Leaving out only the pictures, write out all the entries exactly.

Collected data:
━━━━━━━━
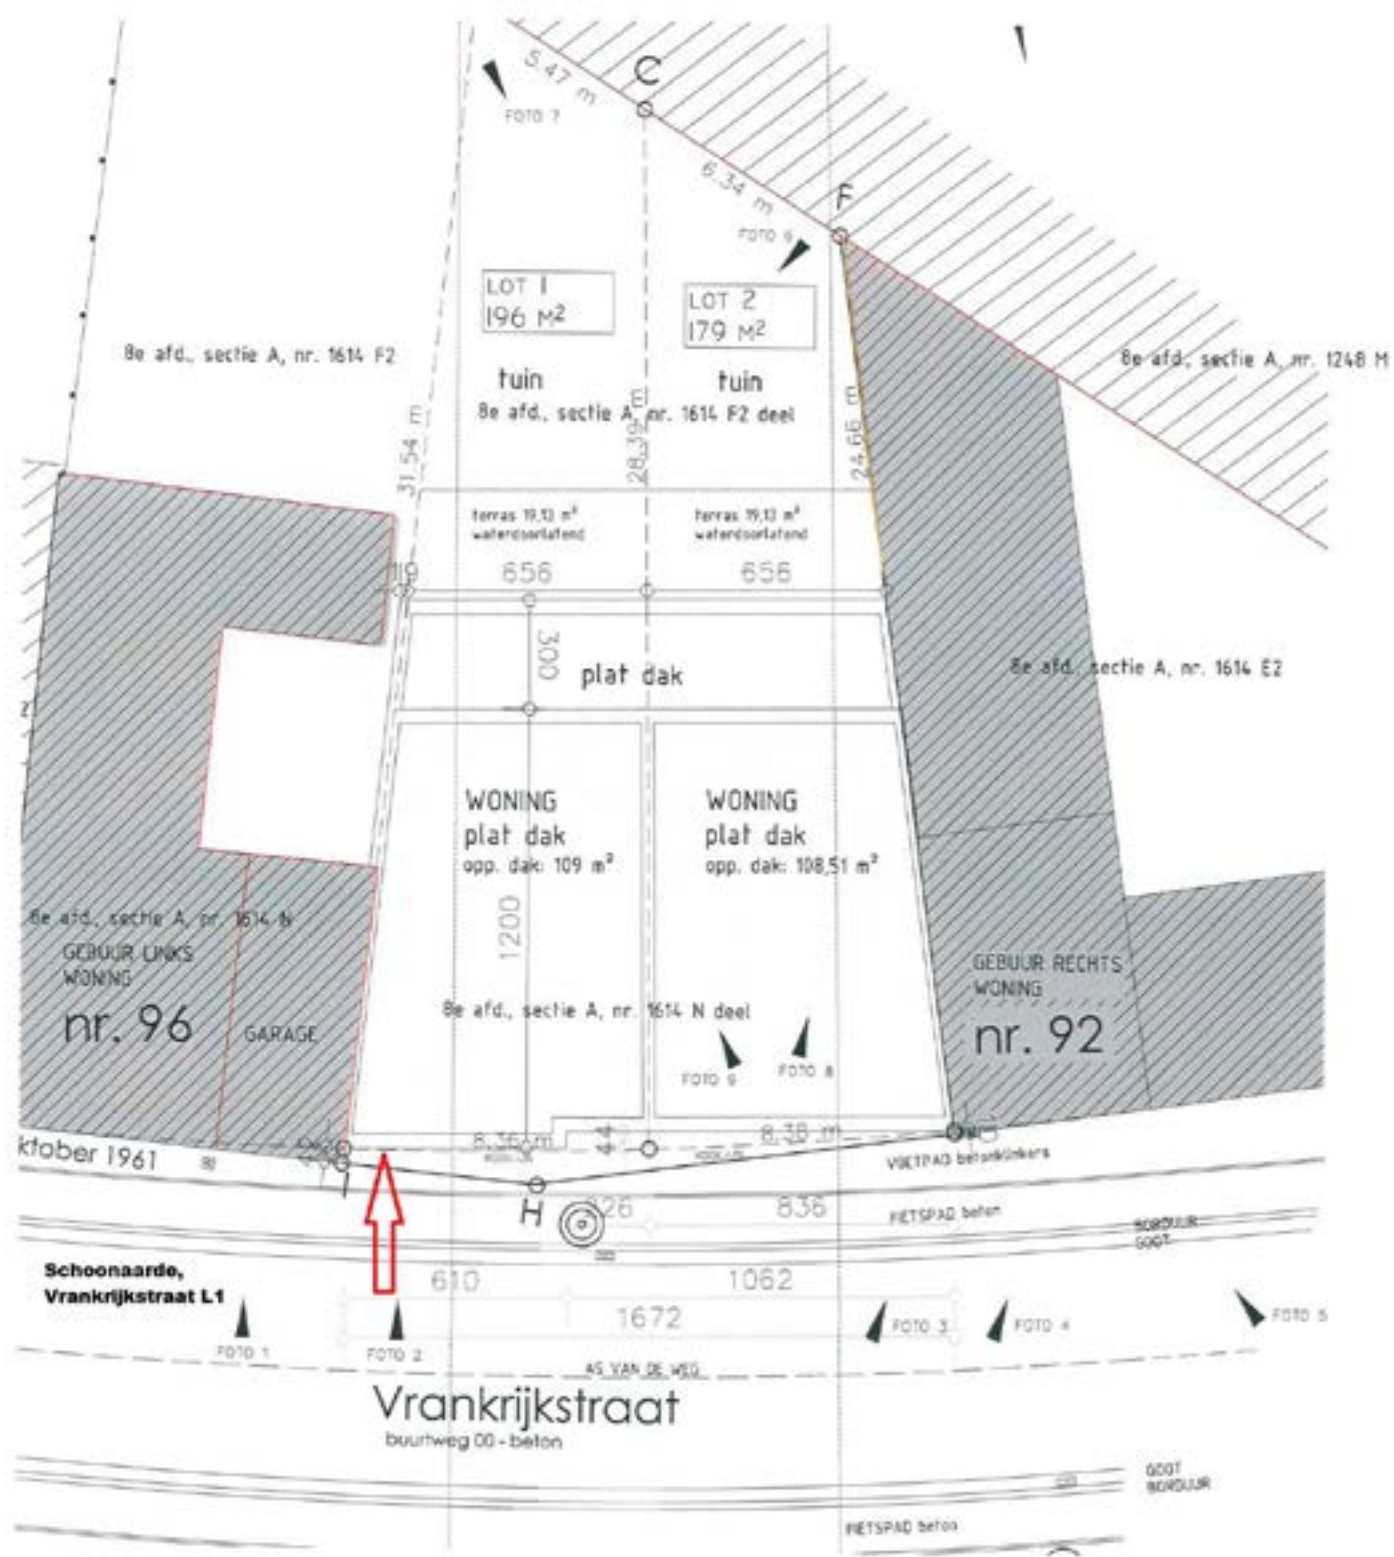

Schoonaarde,
 Vrankrijkstraat L1
 Voorgevel

Schoonaarde,
Vrankrijkstraat L1

Schoonaarde,
Vrankrijkstraat L1

**Schoonaarde,
Frankrijkstraat L1**

snede AB tot 1 sch.: 1/100

Schoonaarde,
Vrankrijkstraat L1

Schoonaarde,
 Vrankrijkstraat L1

Vrankrijkstraat
 buurtweg 00 - beton
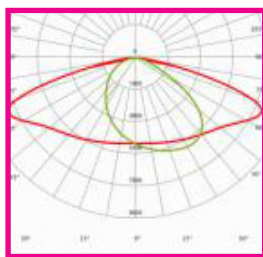

# PURE ECO RANGE

LED Street Light Optics

**OPTIC OPTIONS**

**PLST1**

**PLST2**

**PLST3**

**PLST4**

**PLST5**

**PLST6**

**PLST7**

**PLST8**

**PLST9**

**PLST10**
━━━━━━━━
SOLUTION BELOW:
Schoonaarde,
 Vrankrijkstraat L1
 Voorgevel

Schoonaarde,
Vrankrijkstraat L1

Schoonaarde,
Vrankrijkstraat L1

**Schoonaarde,
Frankrijkstraat L1**

snede AB tot 1 sch.: 1/100

Schoonaarde,
Vrankrijkstraat L1

Schoonaarde,
 Vrankrijkstraat L1

Vrankrijkstraat
 buurtweg 00 - beton

# PURE ECO RANGE

LED Street Light Optics

**OPTIC OPTIONS**

**PLST1**

**PLST2**

**PLST3**

**PLST4**

**PLST5**

**PLST6**

**PLST7**

**PLST8**

**PLST9**

**PLST10**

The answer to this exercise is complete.